* Problem requirements
The data below holds the lines to copy: everything from the line containing "Outdoor, Residential, Retail" to the line containing "- Choice of matt white or black finishes", both ends included, set down exactly.

* Given information
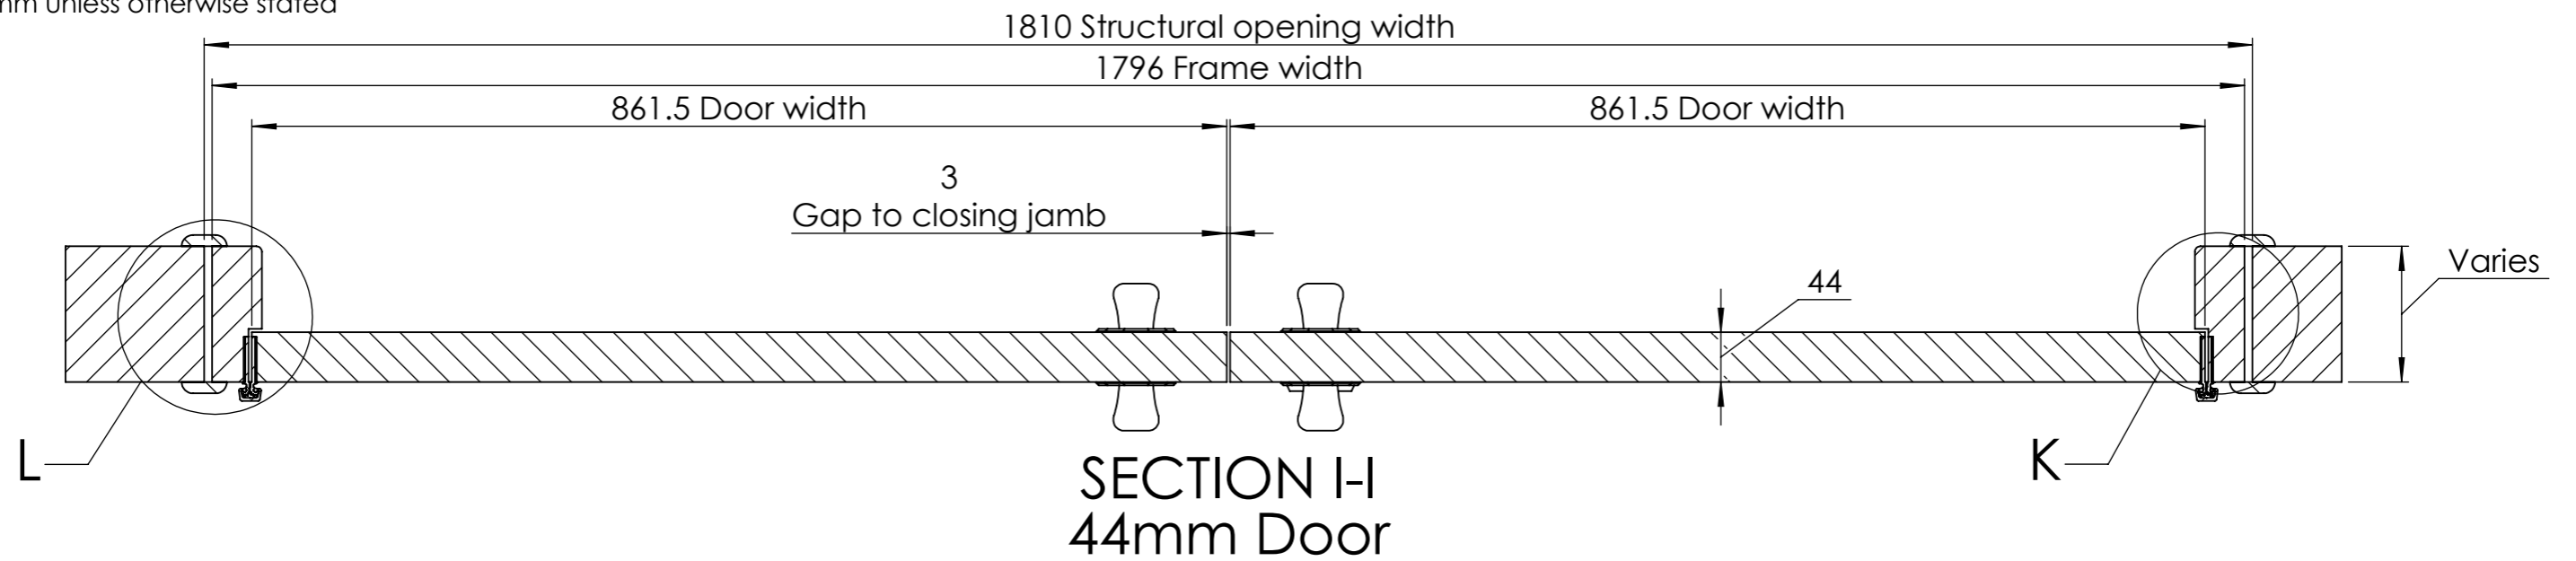

SOLO - 44mm Double Door

Dimensions in mm unless otherwise stated

SOLO Door System
Double Leaf - 44mm door
Code: SOD05

sales@kingswaygroup.co.uk
www.kingswaygroup.co.uk
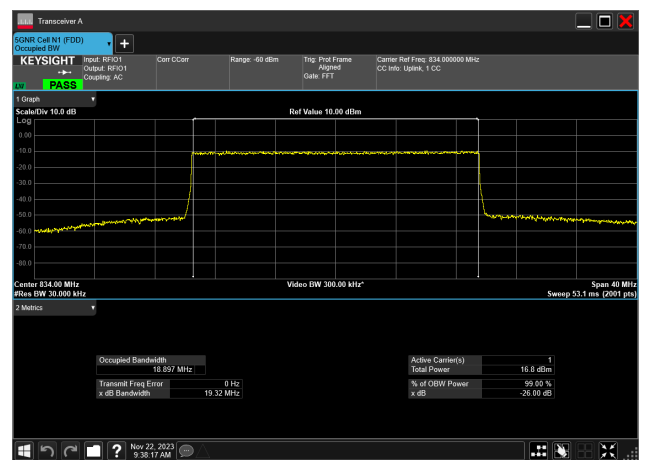

20MHz_15kHz_834MHz_CP-OFDM 256 QAM_RB106@0
18.897 MHz
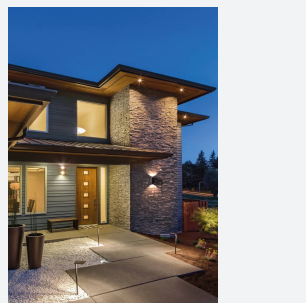

Reef Bi-Directional

Reef CCT Bi-directional Wall Light White
Code: AREELEDWL/WH

Category	Wall Lights
Application	Hospitality, Outdoor, Residential, Retail
Specification	Architectural

- Durable outdoor bidirectional wall light suitable for residential and hospitality applications
- Choice of matt white or black finishes
- Unique lockable installation base plate with push fit loop-in loop-out terminals for ease of installation
- Non-dimmable
- Polycarbonate construction ideal for coastal applications
- CCT selectable between 3000K, 4000K and 6000K
- Discrete PIR option available

* Answer section
Application	Hospitality, Outdoor, Residential, Retail
Specification	Architectural

- Durable outdoor bidirectional wall light suitable for residential and hospitality applications
- Choice of matt white or black finishes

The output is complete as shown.